● Data records:
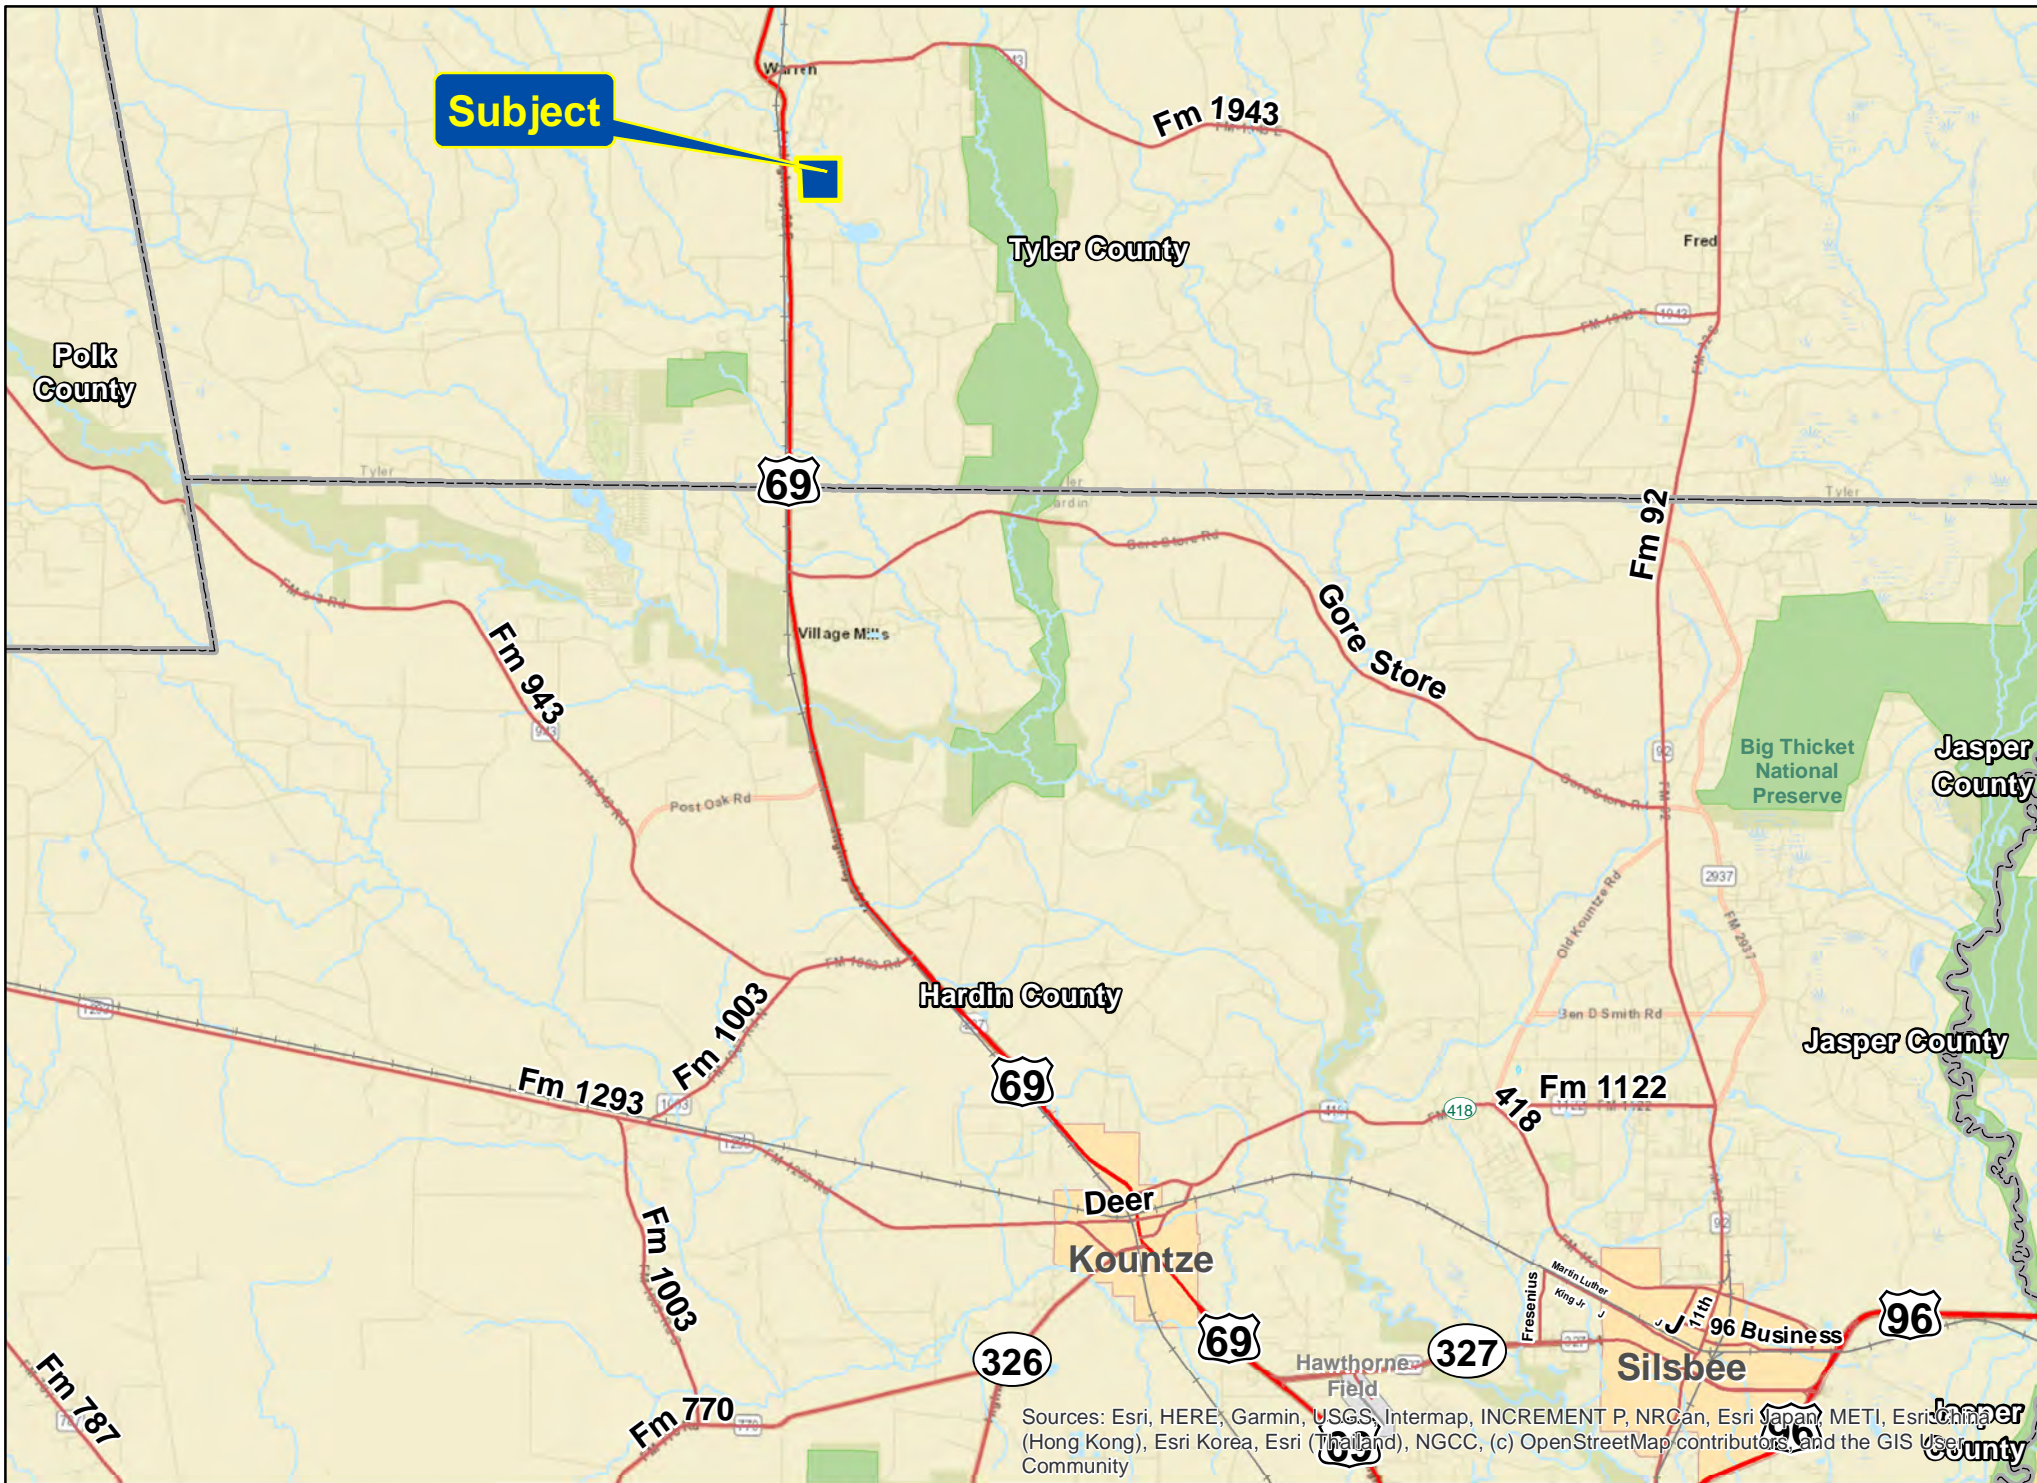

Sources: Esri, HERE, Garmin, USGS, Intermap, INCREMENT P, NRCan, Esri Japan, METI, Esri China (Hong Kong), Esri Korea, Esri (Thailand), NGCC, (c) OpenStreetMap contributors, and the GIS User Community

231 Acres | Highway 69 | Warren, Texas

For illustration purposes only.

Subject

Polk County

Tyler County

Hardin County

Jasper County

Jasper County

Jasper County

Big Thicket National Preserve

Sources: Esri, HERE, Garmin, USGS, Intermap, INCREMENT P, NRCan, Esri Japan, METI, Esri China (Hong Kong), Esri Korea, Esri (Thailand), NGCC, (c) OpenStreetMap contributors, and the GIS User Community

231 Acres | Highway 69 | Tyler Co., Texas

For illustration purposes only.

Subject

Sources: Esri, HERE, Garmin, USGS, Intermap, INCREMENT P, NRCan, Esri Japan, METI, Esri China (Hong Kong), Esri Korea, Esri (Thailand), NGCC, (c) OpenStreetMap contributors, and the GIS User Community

● Exercise:
Copy the data word for word and omit every picture.

● Answer for this exercise:
Sources: Esri, HERE, Garmin, USGS, Intermap, INCREMENT P, NRCan, Esri Japan, METI, Esri China (Hong Kong), Esri Korea, Esri (Thailand), NGCC, (c) OpenStreetMap contributors, and the GIS User Community

231 Acres | Highway 69 | Warren, Texas

For illustration purposes only.

Subject

Polk County

Tyler County

Hardin County

Jasper County

Jasper County

Jasper County

Big Thicket National Preserve

Sources: Esri, HERE, Garmin, USGS, Intermap, INCREMENT P, NRCan, Esri Japan, METI, Esri China (Hong Kong), Esri Korea, Esri (Thailand), NGCC, (c) OpenStreetMap contributors, and the GIS User Community

231 Acres | Highway 69 | Tyler Co., Texas

For illustration purposes only.

Subject

Sources: Esri, HERE, Garmin, USGS, Intermap, INCREMENT P, NRCan, Esri Japan, METI, Esri China (Hong Kong), Esri Korea, Esri (Thailand), NGCC, (c) OpenStreetMap contributors, and the GIS User Community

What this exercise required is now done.